Ces dernières durent plusieurs jours et voient s’affronter jeunes et forces anti-émeutes, l’état de siège est décrété, l’armée sort des casernes et prend position à plusieurs endroits de la capitale. La répression est féroce, des centaines de morts, la torture est monnaie courante dans les commissariats officiels et non officiels.   

Après plusieurs jours d’un assourdissant silence de la part du pouvoir visible, la présidence, des réformes politiques sont promises qui verront le jour quelques mois plus tard.

Cela se passait en Algérie en ……..1988, avant le mouvement des étudiants Chinois de la place Tien An Men de Mai/Juin 89 et la chute du mur de Berlin à la fin de cette même année.

Suite à l’arrêt du processus électoral et démocratique en 1992, nous avons connu une guerre civile qui a fait 200 000 morts et des milliers de disparitions, deux mandats et demi pour un chef d’Etat régnant par le mépris et le bâton avec le nécessaire soutien des parrains de l’armée et des services de renseignements (le DRS). Toujours sous le regard ,le silence et même le soutien de la communauté internationale, au nom du sacro-saint argument de la lutte contre le terrorisme, qui n’est rien d’autre que la lutte contre la liberté.

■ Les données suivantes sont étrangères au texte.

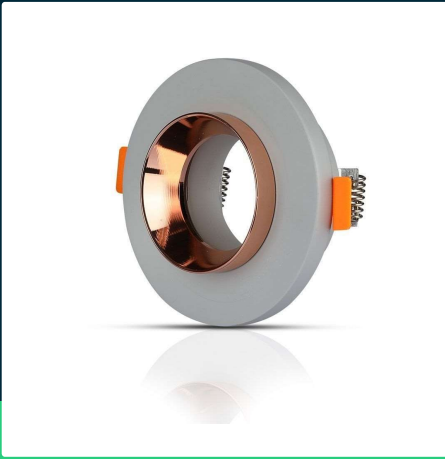

GU10 fitting gypsum metal grey recessed light with rose gold round

SKU 3124 EAN 3800157634496 VT-862-MGRD

Related products (SKUs): ---

TECHNICAL SPECIFICATION

Voltage	230V	Pack width	80mm
SKU	SKU 3124	Pack height	120mm
EAN barcode	3800157634496	Master carton	24
Product code	VT-862-MGRD	Quantity per pallet	960
Series	Concrete and plaster	Brand	V-TAC
Base	GU10	Warranty	5y
Shape	Round	Certifications	CE, EMC, ROHS
Material	Plaster, metal	ETIM	ECO02892
Housing color	Grey, rose gold	CN code	8539 51 00
Type	Fixed		
IP rating	IP20		
Compatibility	GU10		
Size	90x90x40mm		
Product weight	0,321		
Volume	0,001152		
Pack length	120mm		

**GU10 fitting gypsum metal grey recessed light with rose gold round**

SKU 3124 EAN 3800157634496 VT-862-MGRD

Related products (SKUs): ---

Product description

- Plaster fixtures are a modern and interesting alternative to aluminum and steel fixtures, they do not corrode and are highly resistant to temperature changes.
- Possibility of self-painting in any color (in selected models)
- Dimensions - 100x40mm
- Mounting hole - 80mm
- Material - High-quality plaster
- Suitable for all GU10 light sources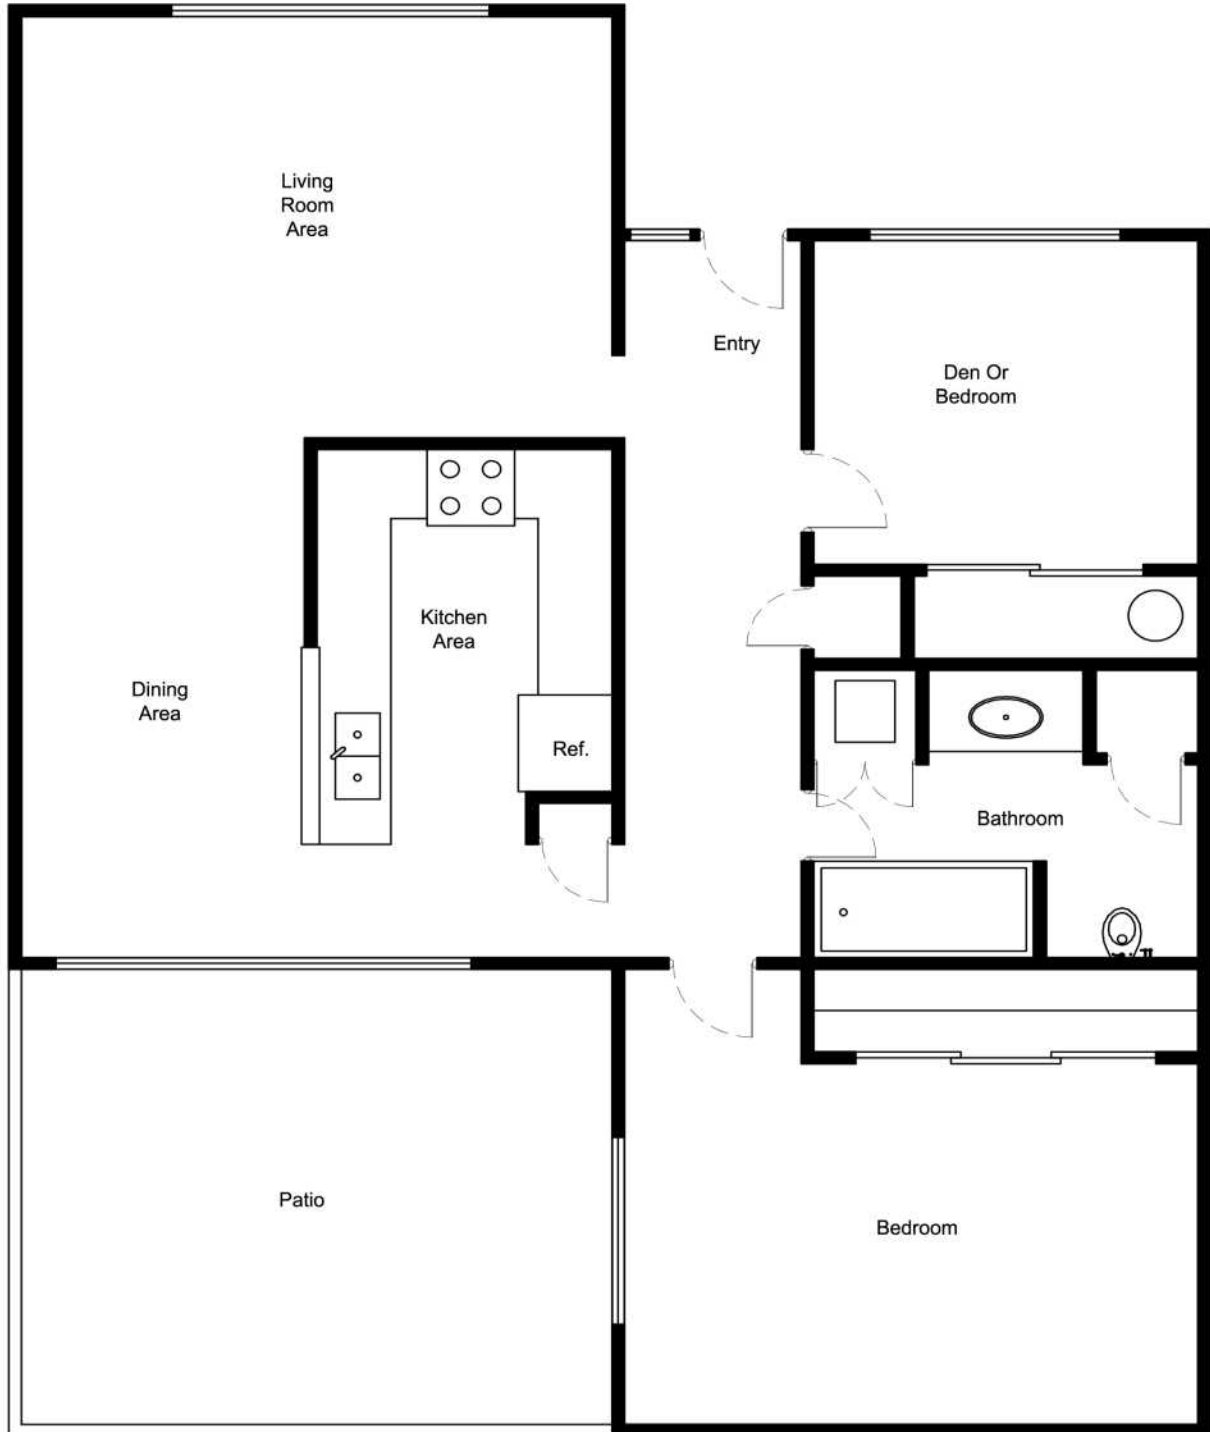

San Franciscan

1055 square footage(approx)

Bedroom:2 Bath:1

Important Disclaimer: Artist's Conception of floorplan. This is an older community and not all floor plans are available. Layouts and dimensions provided are approximate and are NOT to scale and cannot be relied on. Keep in mind some layouts have been changed and altered by previous owners. Residences may or may not have a garage and/or a carport. Each unit must be individually verified by Buyers for specific amenities, layout and square footage. Buyers must verify all information and not rely on these drawings prior to purchasing.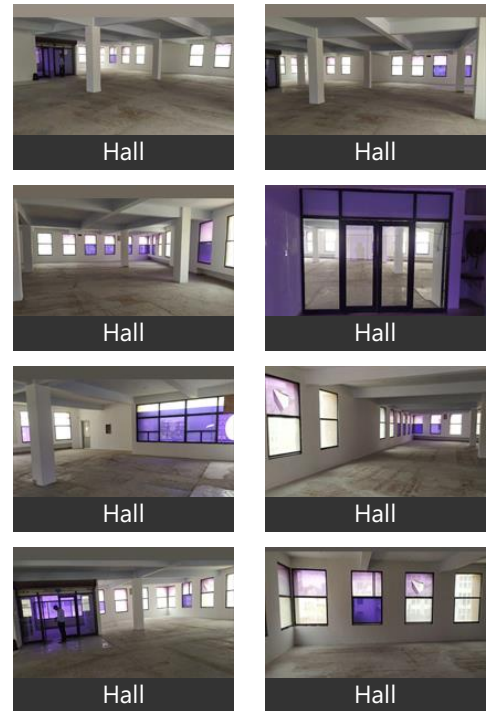

Location

Pictures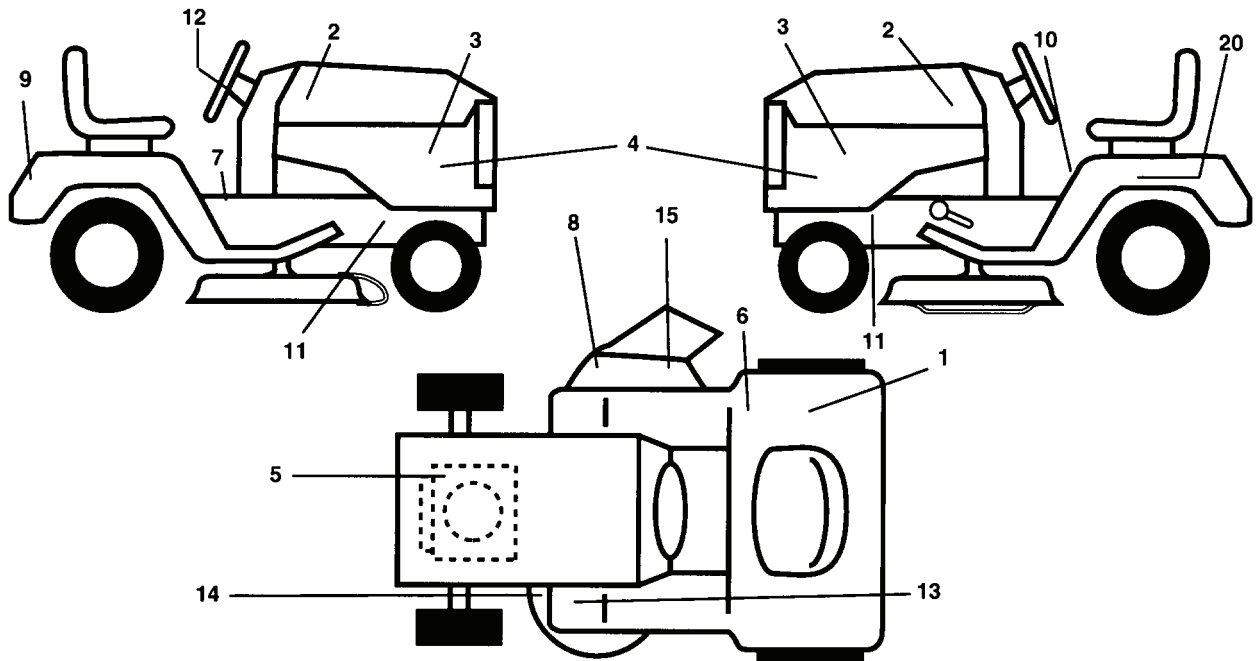

REPAIR PARTS

TRACTOR - MODEL NO. LTH1742 (HAU17H42D), PRODUCT NO. 954 17 02-24
MOWER LIFT

lift-rh.1piece_3

REF.	PART NO.	DESCRIPTION	REMARK	QTY.	KIT
1	532159460	WIRE		1	
2	532159471	LEVER		1	
3	532105767	PIN RETAINING SCREW		1	
4	812000002	RETAINER RING		1	
5	819211621	WASHER		1	
6	532120183	BEARING		1	
7	532125631	HANDLE		1	
8	532124526	KNOB		1	
11	532139865	LINK		1	
12	532139866	LINK		1	
13	532124670	RETAINER RING		1	
15	532173288	LINK		1	
16	873350800	NUT		1	
17	532175689	BRACKET		1	
18	873800800	NUT		1	
19	532139868	LEVER		1	
20	532194209	SPRING		1	
31	532169865	BEARING		1	
32	873540600	NUT		1	

REPAIR PARTS

TRACTOR - MODEL NO. LTH1742 (HAU17H42D), PRODUCT NO. 954 17 02-24
ENGINE

REF.	PART NO.	DESCRIPTION	REMARK	QTY.	KIT
1	532170805	CONTROL THROT /CH FLAG		1	
2	817720408	SCREW		1	
4	532188655	MUFFLER		1	
8	532171877	BOLT		1	
13	532185909	GASKET		1	
14	532148456	TUBE		1	
23	532169837	HEAT SHIELD		1	
29	532137180	SPARK ARRESTER KIT		1	
31	532185534	TANK UNIT		1	
32	532197725	PLUG		1	
33	532123487	HOSE CLAMP		1	
37	532137040	HOSE		1	
38	532181654	PLUG		1	
44	817670412	SCREW		1	
45	817000612	SCREW		1	
46	819091416	WASHER		1	
81	873510400	NUT		1	
105	817120616	SCREW		1	
116	532184362	NUT		1	
117	532188654	TUBE EXHAUST		1	

REPAIR PARTS

TRACTOR - MODEL NO. LTH1742 (HAU17H42D), PRODUCT NO. 954 17 02-24
DECALS

REF.	PART NO.	DESCRIPTION	REMARK	QTY.	KIT
1	532168869	DECAL		1	
2	532188923	DECAL		1	
3	532188921	DECAL		1	
4	532191141	DECAL		1	
5	532196841	DECAL		1	
6	532124433	DECAL		1	
7	532140837	DECAL		1	
8	532182166	DECAL		1	
9	532191362	DECAL		1	
10	532400389	LABEL		1	
11	532159736	DECAL		1	
12	532188925	DECAL		1	
13	532159737	DECAL		1	
14	532160396	DECAL		1	
15	532196357	DECALC:"DANGER DEFLECTEUR"		1	
20	532145005	DECAL		1	
--	532162598	DECAL		1	
--	532166960	DECAL		1	
--	532138311	DECAL		1	
--	532188252	PAD, FOOTREST LH		1	
--	532188253	PAD, FOOTREST RH		1	
--	532405620			1	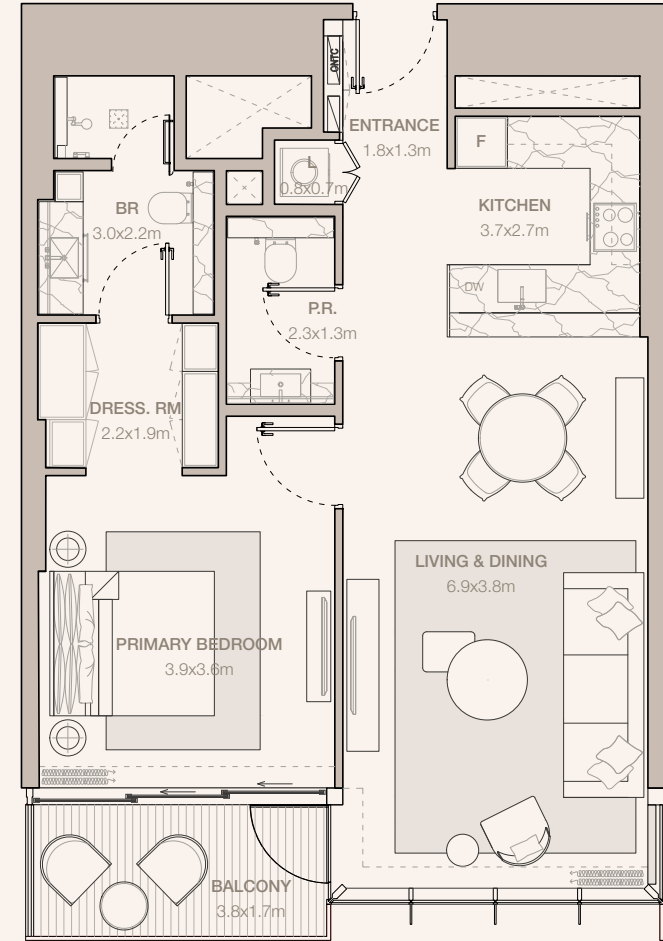

## 1-BEDROOM TYPE A2 - D

TOWER B

UNIT NUMBER  
1107, 1207

SUITE AREA  
74.45 SQM | 801.37 SQFT

BALCONY AREA  
6.6 SQM | 71.04 SQFT

TOTAL  
81.05 SQM | 872.41 SQFT

Disclaimer: Plans, details and unit orientation included are indicative only and are subject to change by the developer/seller at its sole discretion without notice and/or liability. All images, including features, finishes, furnishings, view and scale are illustrative only. Final areas, orientation, dimensions, layout and materials may differ from those stated.

Plus de vingt ans plus tard, à la faveur des luttes, insurrections et révolutions intervenues en Tunisie et en Egypte, des voix venues du Nord, se mettent à imaginer, créer des révolutions un peu partout où il y a un accès à internet en Afrique du Nord et dans le Monde Arabe. Aucune société ne peut sortir indemne de deux décennies telles que celles vécues par les Algériens ces vingt dernières années. La répression de l’opposition politique, syndicale et associative, les privations des libertés, la création et l’entretien de partis godillots dispatchés entre soutien au pouvoir et pseudo-opposants démocrates et autres, une presse supposée libre, une gangrène nationale nommée corruption. Bien sûr, le tout sous le regard et le silence de qui …… ?!.

C’est pour ces quelques raisons au moins que la « contagion » tunisienne et égyptienne, nécessaire, légitime, de changement de régime, ne peut intervenir en tout cas de manière pacifique dans l’immédiat en Algérie. Une société fatiguée de violences, d’où qu’elles viennent, un pouvoir qui justement l’utilise et l’instrumentalise, une société qui aspire au changement, oui, mais par des voies pacifiques.

Emeutes au quotidien à travers le pays , grèves dans le monde du travail, dans les universités, tentatives de marches de citoyens, sit-in à revendications multiples et retour de meetings populaires dans la capitale . Un pouvoir qui peine à se faire entendre, essayant de calmer cette rage par de multiples replâtrages économiques et sociaux tout en restant muet sur les réformes politiques de démocratisation revendiquées par tous.

Partis autonomes, syndicats autonomes, associations autonomes, collectifs autonomes, qui luttent et résistent depuis des années, loin des cameras et des simples coups médiatiques de ces premières semaines de 2011, ont en charge de se construire, de se renforcer, de convaincre, de donner un prolongement politique et organisationnel aux revendications démocratiques et sociales qui transpirent par tous les pores la société. Ce travail est de l’ordre du possible. Il a déjà commencé.